> Raw data
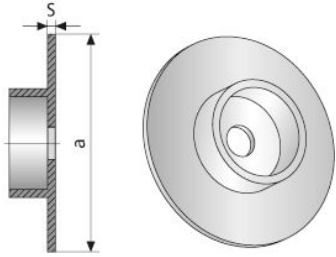

## MKK®-Abdeckkappe

Verhindert das Eindringen von Beton in den MKK®.

| Artikelbezeichnung | Gewinde | a mm | S mm  | Verpackung    | Gewicht kg/Stück |
|--------------------|---------|------|-------|---------------|------------------|
| 18409100           | B 15    | 63   | 1     | 50 Stück/Sack | 0,005            |
| 14409200           | B 20    | 68   | 1,500 | 50 Stück/Sack | 0,006            |
| 21409300           | B 26,5  | 103  | 2     | 50 Stück/Sack | 0,015            |

> About this exercise
Starting at the line above that contains "Gewicht kg/Stück |", repeat each line exactly up to and including the line that contains "Stück/Sack | 0,006", and stop there.

> Result of the exercise
| Artikelbezeichnung | Gewinde | a mm | S mm  | Verpackung    | Gewicht kg/Stück |
|--------------------|---------|------|-------|---------------|------------------|
| 18409100           | B 15    | 63   | 1     | 50 Stück/Sack | 0,005            |
| 14409200           | B 20    | 68   | 1,500 | 50 Stück/Sack | 0,006            |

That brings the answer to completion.